*Extracted data entries*:
※ ※ ※
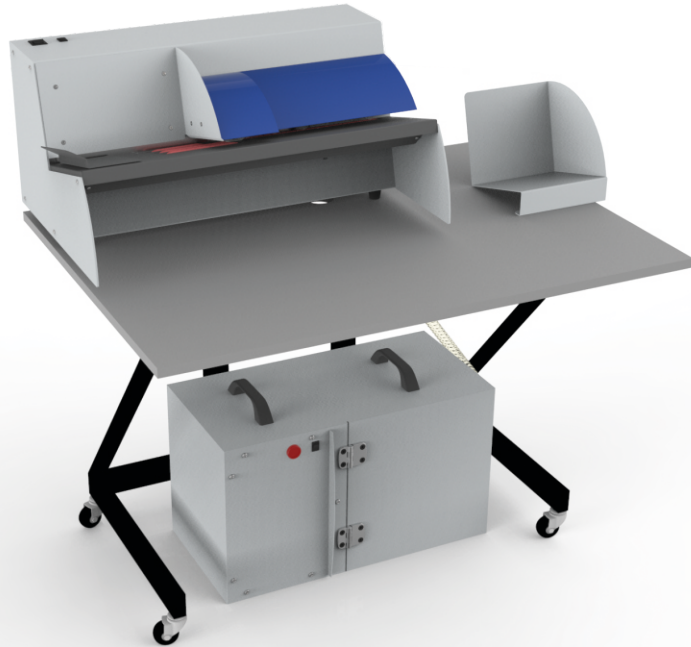

High Volume Flat Opener

Model 3033

Opens Just about everything up to 12mm (½") thick in semi-automatic mode. Can open almost any envelope in manual mode.

**Cuts wide and deep - or thin and narrow!
All depending on the application**

Milling Cutter Technology

Set to destroy, open, cut everything - from cardboard to paper clips; or, set to protect contents!

High Speed

Up to 1,200 flats an hour

Heavy Duty

Solid metal construction throughout. Made of steel using the highest quality of components. Has two motors for better performance and a longer life.

Vacuum Disposal System

Simple and Reliable

High degree of operational reliability

Easy to Operate

Specifications:

Length: 1070mm (42in) Depth: 750mm (30in) Height: 1065mm (42in) Weight: 36kg (79lbs)

Power: 120VAC - 2.65A or 230VAC - 1.25A

Envelope Size: All sizes and types

Depth of Cut: From 0 (no cut) up to 3mm (1/8")

Speed: 1,200 an hour

POSTMARK

POSTMARK INC

PHONE | 805.594.1454

FAX | 805.594.1455

3197 DUNCAN LANE #A
SAN LUIS OBISPO, CA 93401
UNITED STATES OF AMERICA
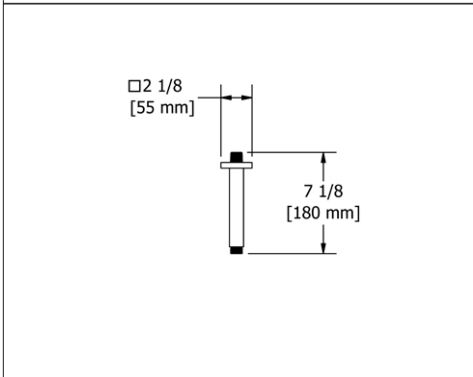

548 7" Ceiling Mount Shower Arm With Square Escutcheon

Suggested Retail Price

	C	BN	BC	BK	BG
548 _ _	112	152	166	166	166

• Escutcheon included
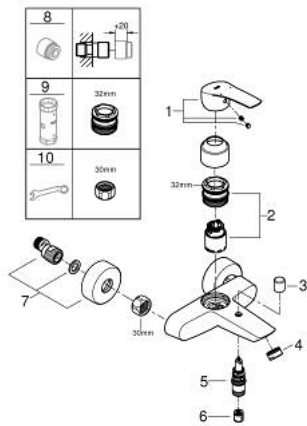

33 300 003 EUROSMART SINGLE-LEVER BATH MIXER 1/2"

PRODUCT DESCRIPTION

- Tyc: Chrome
- wall mounted
- metal lever
- GROHE SilkMove 35 mm ceramic cartridge
- adjustable flow rate limiter
- with temperature limiter
- GROHE LongLife finish
- automatic diverter: bath/shower
- mousseur
- integrated non-return valve in the shower outlet 1/2"
- S-unions
- metal wall escutcheons
- protected against backflow
- professional exclusive

33 300 003 EUROSMART SINGLE-LEVER BATH MIXER 1/2"

SPARE PARTS

- 1: Lever (Spare part-nr. 48550000)
- 2: Cartridge (Spare part-nr. 46374000)
- 3: Diverter knob (Spare part-nr. 64309000)
- 4: Mousseur (Spare part-nr. 13941000)
- 5: Diverter (Spare part-nr. 65655000)
- 6: Non-return valve (Spare part-nr. 08565000)
- 7: S-union (Spare part-nr. 12662000)
- 8: Extension 3/4", 20 mm (Spare part-nr. 0713000M)*
- 9: Socket spanner (Spare part-nr. 19332000)*
- 10: Special spanner (Spare part-nr. 19377000)*
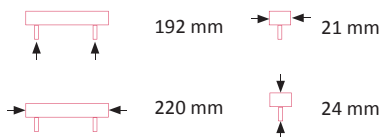

Country Handle

Art. No.	Finish
MKC3702DB	Beige Porcelain & Bronze
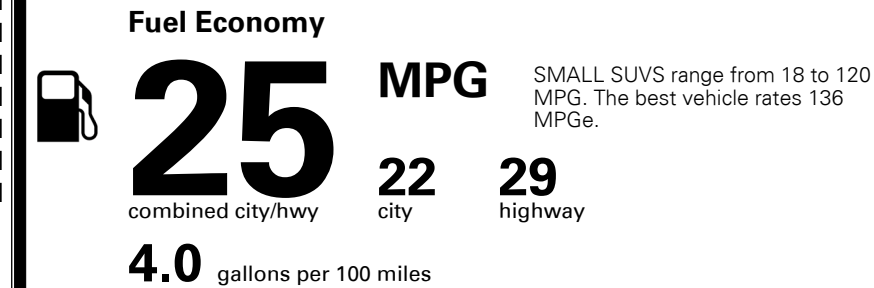

EPA DOT Fuel Economy and Environment

Gasoline Vehicle

You spend $500 more in fuel costs over 5 years
compared to the average new vehicle.

Annual fuel cost $1,600
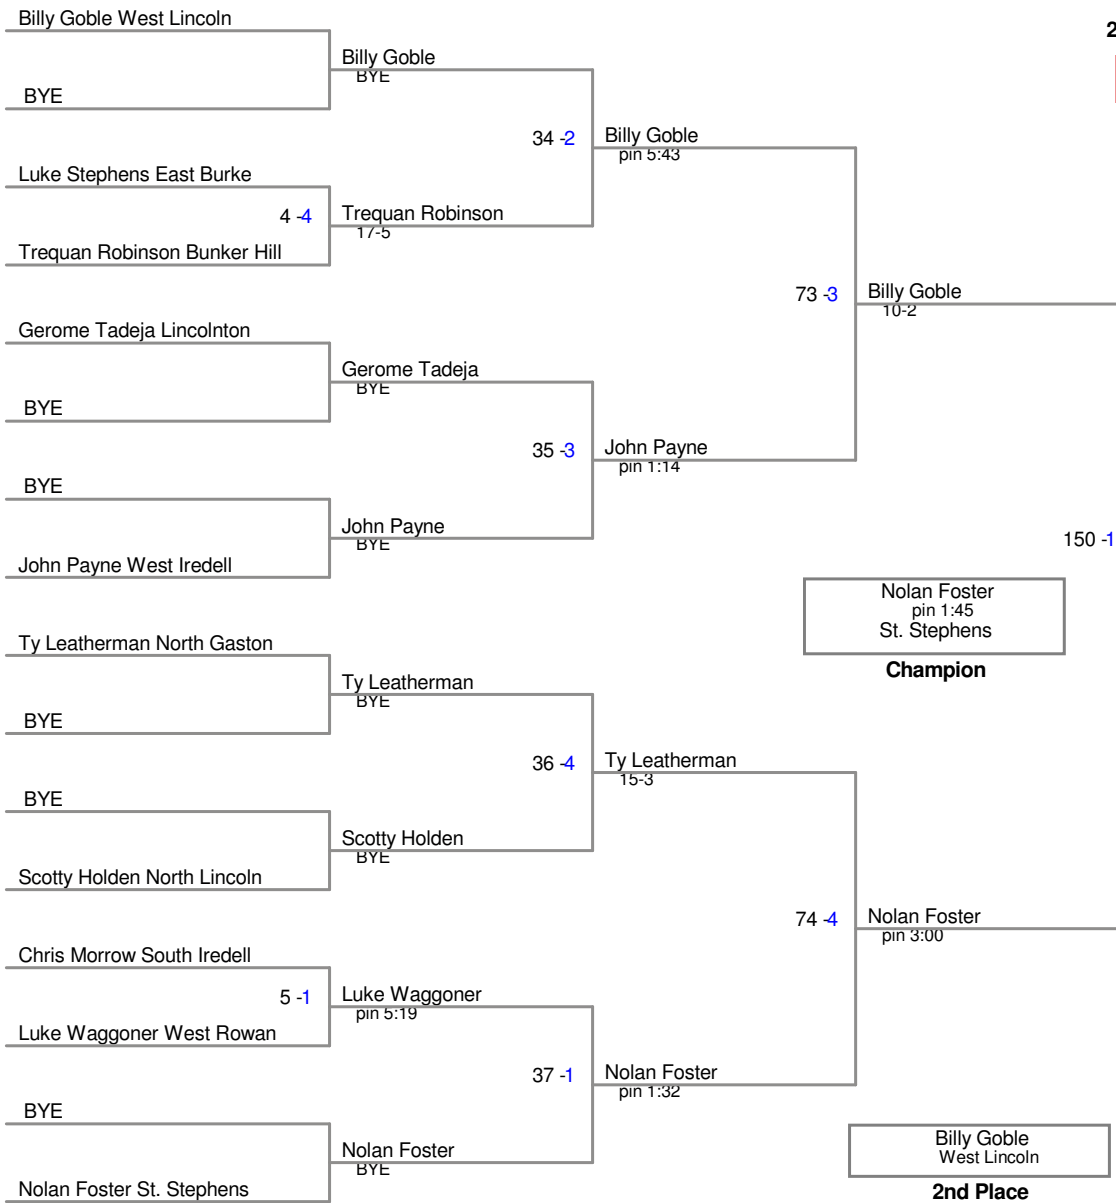

2015 Indian
2015 Indian Division

132 Lbs

2015 Indian
2015 Indian Division

138 Lbs

2015 Indian
2015 Indian Division

145 Lbs

2015 Indian
2015 Indian Division

152 Lbs
※ ※ ※
Exactly restate the lines from the beginning of the data through the line with "POSTMARK INC", and no others, keeping pictures out.

*Solution for this exercise*:
High Volume Flat Opener

Model 3033

Opens Just about everything up to 12mm (½") thick in semi-automatic mode. Can open almost any envelope in manual mode.

**Cuts wide and deep - or thin and narrow!
All depending on the application**

Milling Cutter Technology

Set to destroy, open, cut everything - from cardboard to paper clips; or, set to protect contents!

High Speed

Up to 1,200 flats an hour

Heavy Duty

Solid metal construction throughout. Made of steel using the highest quality of components. Has two motors for better performance and a longer life.

Vacuum Disposal System

Simple and Reliable

High degree of operational reliability

Easy to Operate

Specifications:

Length: 1070mm (42in) Depth: 750mm (30in) Height: 1065mm (42in) Weight: 36kg (79lbs)

Power: 120VAC - 2.65A or 230VAC - 1.25A

Envelope Size: All sizes and types

Depth of Cut: From 0 (no cut) up to 3mm (1/8")

Speed: 1,200 an hour

POSTMARK

POSTMARK INC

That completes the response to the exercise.